Este guia cobre o caminho por trás em detalhes, quando está realmente aberto, as cachoeiras secretas próximas que quase ninguém encontra e conselhos honestos sobre as multidões.
| Onde | 120 km a leste de Reykjavík, costa sul, Rota 1/249 |
| Custo | Estacionamento por cerca de 900 ISK (~6€); sem outras taxas |
| Tempo necessário | 30–45 minutos; 1–1,5 horas com Gljúfrabúi |
| Melhor altura | Antes das 8h30 ou depois das 19h no verão |
| Nota de inverno | O caminho por trás da cascata está muitas vezes fechado/gelado de novembro a março |
A geologia em resumo
Seljalandsfoss fica na fronteira da planície costeira da Islândia e das montanhas do interior. O rio Seljalandsá drena o platô glacial de Eyjafjallajökull e cai sobre uma antiga falésia marinha — toda essa faixa costeira estava debaixo d’água há 10.000 anos, e as falésias são remanescentes dessa orla. A caverna atrás das quedas é essencialmente a face antiga da falésia, solapada por séculos de água e gelo.
A queda de água é quase vertical, o que significa que o spray da base se projeta em todas as direções. Ir atrás das quedas não significa ficar menos molhado — significa ficar molhado de ângulos diferentes.
O caminho por trás: o que esperar
O caminho começa no lado sul das quedas, segue uma trilha estreita ao redor da base (pedrinhas molhadas, às vezes com uma pequena travessia de riacho), entra na caverna atrás da cortina e sai pelo lado norte antes de fazer um circuito de volta à área principal de visualização. A distância total é de cerca de 200 m; o tempo total em caminhada constante é de 10 a 15 minutos.
A própria caverna tem cerca de 5 m de profundidade, 15 m de largura e 8 a 10 m de altura. A parede do fundo é basalto úmido. O barulho lá dentro é impressionante — mais alto do que você espera. A luz filtra pela cortina de forma difusa, que os fotógrafos adoram em condições encobertAs.
Spray: Você vai se molhar. Na entrada e na saída da caverna, a zona de spray é inevitável. Em dias de vento, o spray se estende de 30 a 40 m da base das quedas. Uma capa de chuva básica ficará encharcada em segundos. Você também precisa de calças impermeáveis se planeja o circuito completo.

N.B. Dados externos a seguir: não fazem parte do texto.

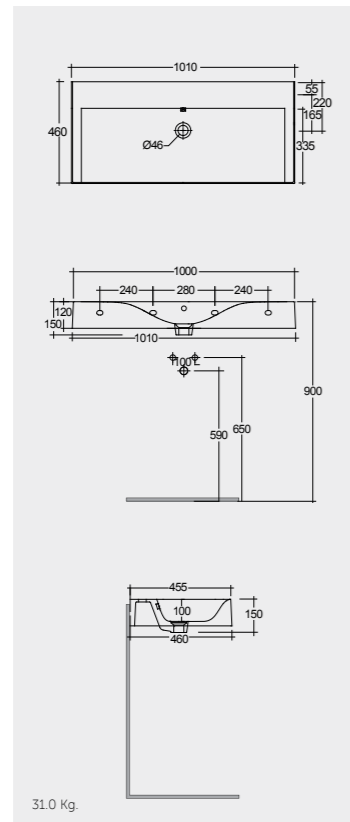

Suitable for Wash Basin : 101, 81, 61 CM

Suitable for Wash Basin : 101, 81, 61 CM

Inspectionable

Measurements | Misure | Dimensions | Medidas | Abmessungen | Размеры

Models | Modelli | Modèles | Modelos | Modelle | Модели

121 x 46 CM  
DESWB12100AWHA

101 x 46 CM  
DESWB10100AWHA

81 x 46 CM  
DESWB08100AWHA

61 x 46 CM  
DESWB06100AWHA

Measurements | Misure | Dimensions | Medidas | Abmessungen | Размеры

All dimensions in mm tolerance  $\pm 5\%$  for below 200mm and  $\pm 3\%$  for above 200mm | Tutte le dimensioni hanno una tolleranza di  $\pm 5\%$  mm al di sotto dei 200mm e di  $\pm 3\%$  mm al di sopra dei 200mm | Toutes les dimensions en mm tolérance  $\pm 5\%$  pour moins de 200mm et  $\pm 3\%$  pour plus de 200mm | Todas las medidas en mm con tolerancia de 5% para menos de 200mm y 3% para más de 200mm | Alle Abmessungen in mm, Toleranz  $\pm 5\%$  für unter 200mm, und  $\pm 3\%$  für über 200mm | Все размеры указаны в мм, погрешность  $\pm 5\%$  ниже 200 мм и  $\pm 3\%$  выше 200 мм

Pisada: O caminho é basalto desgastado e cascalho fino, perpetuamente úmido. No verão é gerenciável com botas de caminhada padrão. A partir de outubro, começa a se formar gelo no caminho de forma intermitente. De novembro a março, o caminho tipicamente congela completamente e se torna genuinamente perigoso.
Quando o caminho está fechado
Não há data única fixa. Os guardas ou funcionários do local (quando presentes) colocam avisos, mas não há barreiras formais — alguns visitantes passam mesmo assim e ocasionalmente caem. Ferimentos pelo gelo neste caminho são relatados em toda temporada de inverno.

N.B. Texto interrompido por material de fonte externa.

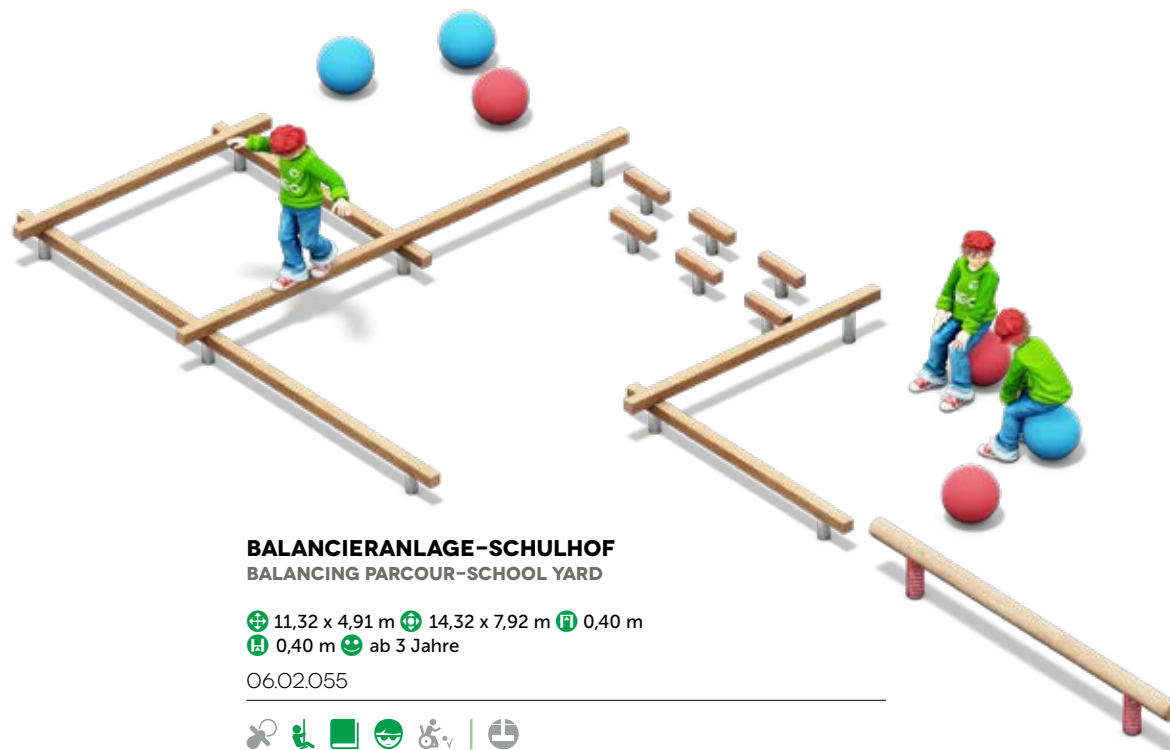

**BALANCIERANLAGE-SCHULHOF
BALANCING PARCOUR-SCHOOL YARD**

⊕ 11,32 x 4,91 m ⊕ 14,32 x 7,92 m ⊕ 0,40 m
⊕ 0,40 m 😊 ab 3 Jahre

06.02.055

Regra prática: Se a temperatura do ar em Seljalandsfoss ficou abaixo de 0°C durante a noite, o caminho atrás das quedas está congelado. Verifique as previsões de tempo para a costa sul na manhã em que visitar. Em janeiro e fevereiro, o caminho deve ser considerado fechado, a menos que dito o contrário. Em abril, as condições melhoram, mas permanecem imprevisíveis.
No inverno, as quedas em si são espetaculares — o congelamento parcial cria formações de gelo na face do penhasco — e a área de visualização frontal padrão é perfeitamente segura e bonita. Veja nosso guia da Islândia no inverno para o quadro completo de visitas no inverno.
Gljúfrabúi — a cachoeira escondida a 10 minutos de distância
Este é o desvio de 10 minutos mais subestimado no sul da Islândia. Do estacionamento principal de Seljalandsfoss, caminhe ao norte ao longo da base do penhasco por cerca de 400 m. Você verá uma entrada de gorge estreita — uma fenda na face do penhasco de talvez 2 m de largura, onde um riacho escorre.
Caminhe para dentro do gorge. Ele se abre num canyon que parece uma catedral, com uma cachoeira de 40 m caindo numa piscina. Você não consegue ver nada disso do lado de fora.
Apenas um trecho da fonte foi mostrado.